Activity: Omitting all images, give the entries that follow again exactly as they read.

(Extracted data entries)
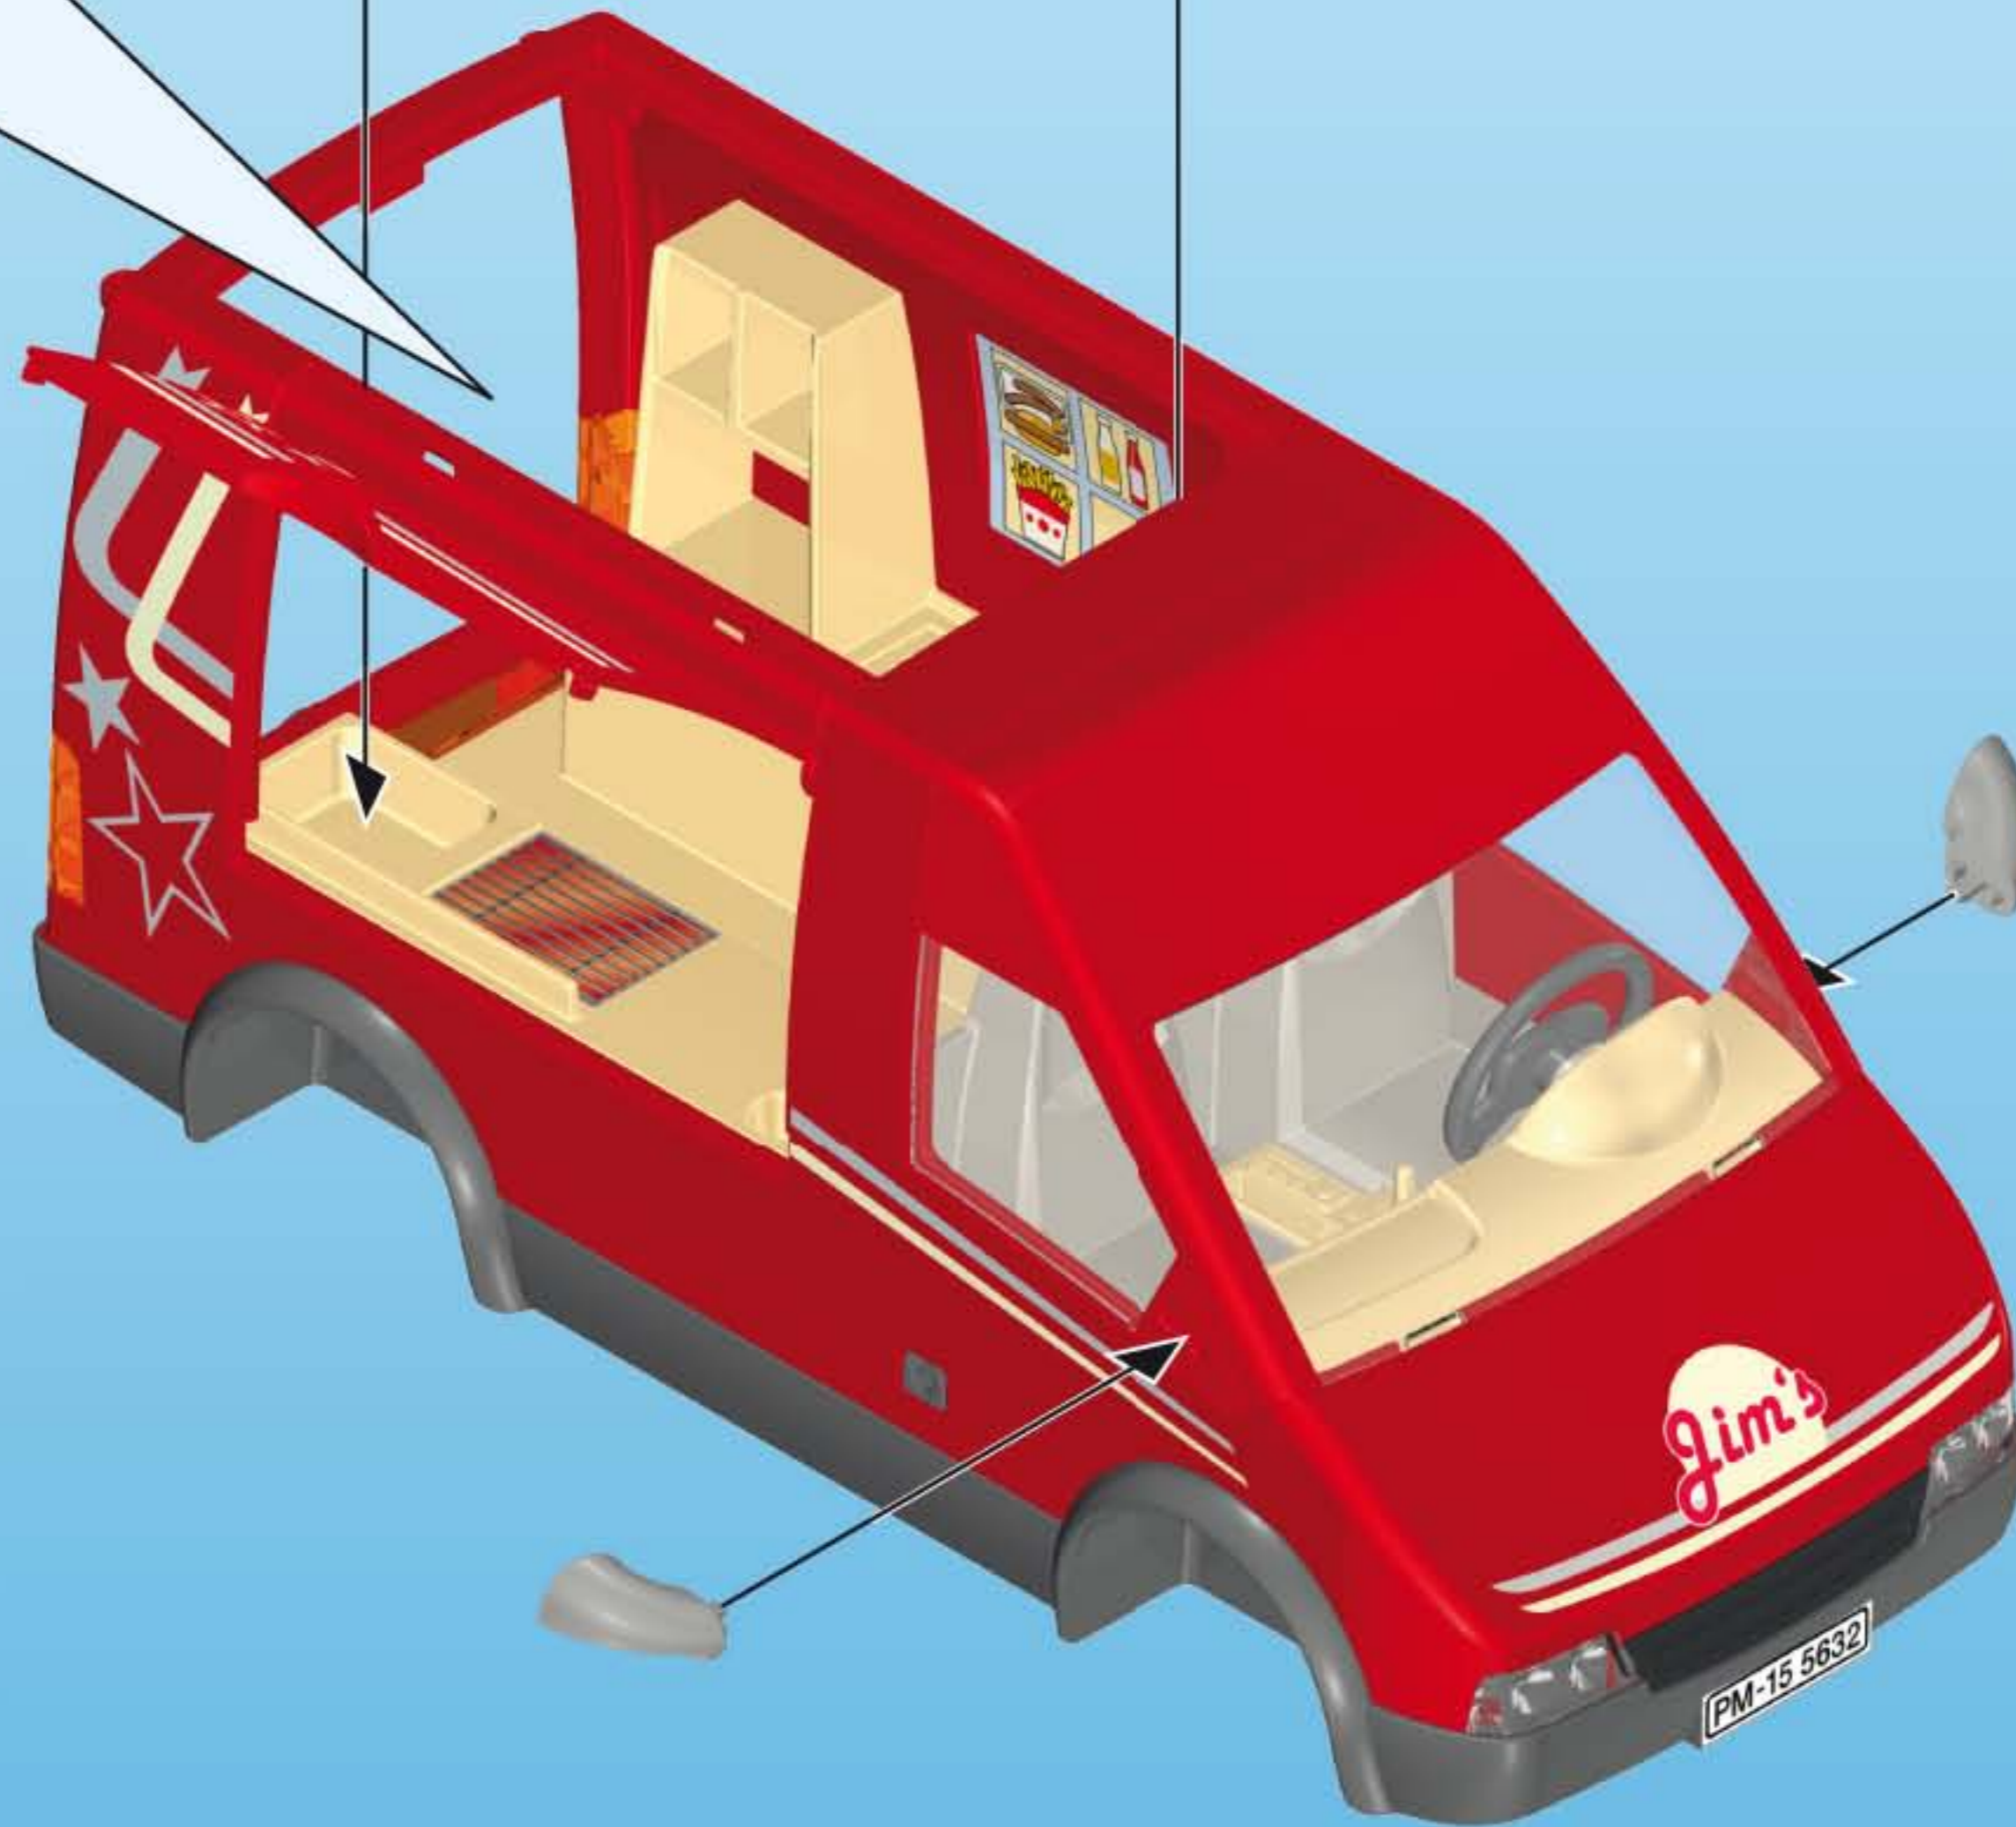

30 24 8980

30 21 1142
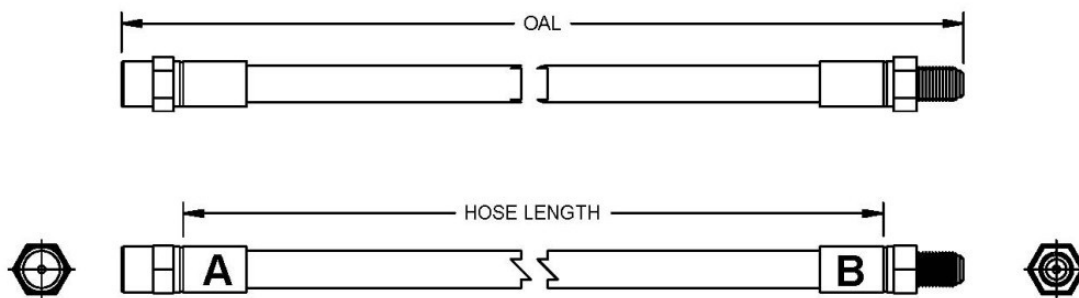

Position / Side	Volkswagen	Golf 1.6,1.8, Mki, Ii &Iii
Not Available	Volkswagen	Golf 1.6,1.8, Mki, Ii &Iii
Not Available	Volkswagen	Jetta All Models
Not Available	Volkswagen	Jetta All Models
Not Available	Volkswagen	Passat All Models
Not Available	Volkswagen	Passat All Models
Not Available	Volkswagen	Santana 1.3, 1.6
Not Available	Volkswagen	Santana 1.8,1.9,2.0
Not Available	Volkswagen	Scirocco All Models
Not Available	Volkswagen Light Commercial	Caddy
Not Available	Volkswagen Light Commercial	Golf Van 1.3,1.6D, 1.6Td

Rear **BQ38168** OAL 7-3/8" - 188mm Cut Hose Length 5-1/2" - 141mm
A=HFMF05 B=HFMM03

Year	Make	Model
From 1983 To 1991	Audi	100
From 1991 To 1994	Audi	100
From 8/79	Audi	200 2.2
From 8/79	Audi	200 2.2
From 1991 To 1995	Audi	80
From 1984 To 1995	Audi	90
From 1984 To 1995	Audi	90
From 1992 To 2000	Audi	Cabriolet
From 1992 To 2000	Audi	Cabriolet
From 1981	Audi	Coupe
From 1981	Audi	Coupe
From 1975 To 1991	Jaguar	Jaguar Xjs
From 1994	Seat	Cordoba
From 1985	Seat	Ibiza
From 1991	Seat	Toledo
Not Available	Volkswagen	Corrado 1.8I, 2.0I, 2.9I
Not Available	Volkswagen	Corrado 1.8I, 2.0I, 2.9I
Not Available	Volkswagen	Golf 1.6,1.8, Mki, Ii &Iii
Not Available	Volkswagen	Golf All Models
Position / Side	Volkswagen	Jetta All Models
Not Available	Volkswagen	Passat All Models
Not Available	Volkswagen	Polo
Not Available	Volkswagen	Vento 1.6, 1.8, 1.9Td, 2.0, 2.8
Not Available	Volkswagen Light Commercial	Caravelle
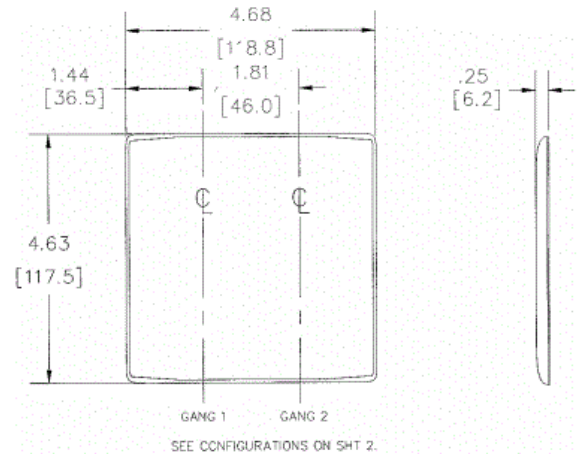

Description	Color	Catalog No.	UPC
2-Gang, 2-Decorator Openings	White	NP262W	883778102493

Listings

UL Listed
CSA Certified

Specifications

Material	Nylon
Plate Type	2-Gang
Plate Openings	Decorator
Mounting Screws	Steel painted, slotted head
Appearance	Smooth
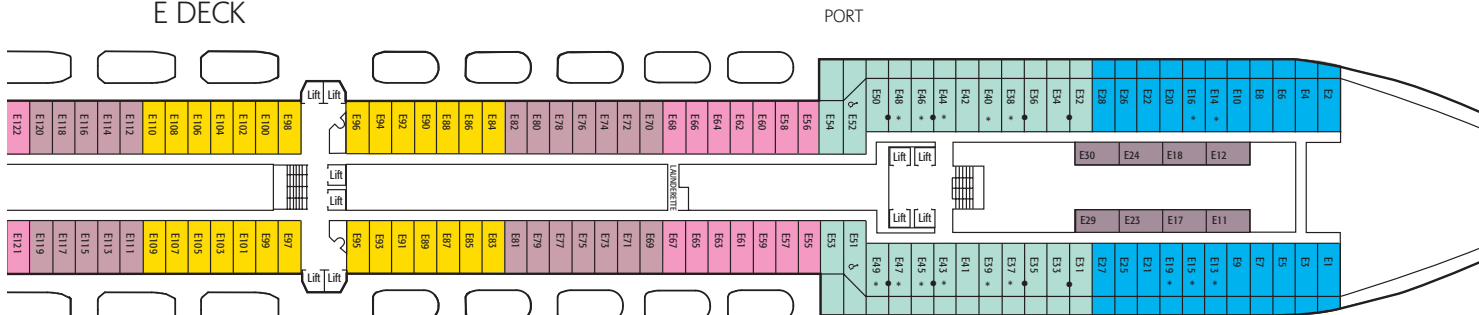

All uppers berths in twin staterooms are easily accessible by a ladder provided in the stateroom.

D DECK

STARBOARD

E DECK

STARBOARD

Safety equipment blocks the view of NA, NB & NC grade staterooms.

PROM DECK

Answer box:
30 24 8980

30 21 1142

Position / Side	Volkswagen	Golf 1.6,1.8, Mki, Ii &Iii
Not Available	Volkswagen	Golf 1.6,1.8, Mki, Ii &Iii
Not Available	Volkswagen	Jetta All Models
Not Available	Volkswagen	Jetta All Models
Not Available	Volkswagen	Passat All Models
Not Available	Volkswagen	Passat All Models
Not Available	Volkswagen	Santana 1.3, 1.6
Not Available	Volkswagen	Santana 1.8,1.9,2.0
Not Available	Volkswagen	Scirocco All Models
Not Available	Volkswagen Light Commercial	Caddy
Not Available	Volkswagen Light Commercial	Golf Van 1.3,1.6D, 1.6Td

Rear **BQ38168** OAL 7-3/8" - 188mm Cut Hose Length 5-1/2" - 141mm
A=HFMF05 B=HFMM03

Year	Make	Model
From 1983 To 1991	Audi	100
From 1991 To 1994	Audi	100
From 8/79	Audi	200 2.2
From 8/79	Audi	200 2.2
From 1991 To 1995	Audi	80
From 1984 To 1995	Audi	90
From 1984 To 1995	Audi	90
From 1992 To 2000	Audi	Cabriolet
From 1992 To 2000	Audi	Cabriolet
From 1981	Audi	Coupe
From 1981	Audi	Coupe
From 1975 To 1991	Jaguar	Jaguar Xjs
From 1994	Seat	Cordoba
From 1985	Seat	Ibiza
From 1991	Seat	Toledo
Not Available	Volkswagen	Corrado 1.8I, 2.0I, 2.9I
Not Available	Volkswagen	Corrado 1.8I, 2.0I, 2.9I
Not Available	Volkswagen	Golf 1.6,1.8, Mki, Ii &Iii
Not Available	Volkswagen	Golf All Models
Position / Side	Volkswagen	Jetta All Models
Not Available	Volkswagen	Passat All Models
Not Available	Volkswagen	Polo
Not Available	Volkswagen	Vento 1.6, 1.8, 1.9Td, 2.0, 2.8
Not Available	Volkswagen Light Commercial	Caravelle

Description	Color	Catalog No.	UPC
2-Gang, 2-Decorator Openings	White	NP262W	883778102493

Listings

UL Listed
CSA Certified

Specifications

Material	Nylon
Plate Type	2-Gang
Plate Openings	Decorator
Mounting Screws	Steel painted, slotted head
Appearance	Smooth

All uppers berths in twin staterooms are easily accessible by a ladder provided in the stateroom.

D DECK

STARBOARD

E DECK

STARBOARD

Safety equipment blocks the view of NA, NB & NC grade staterooms.

PROM DECK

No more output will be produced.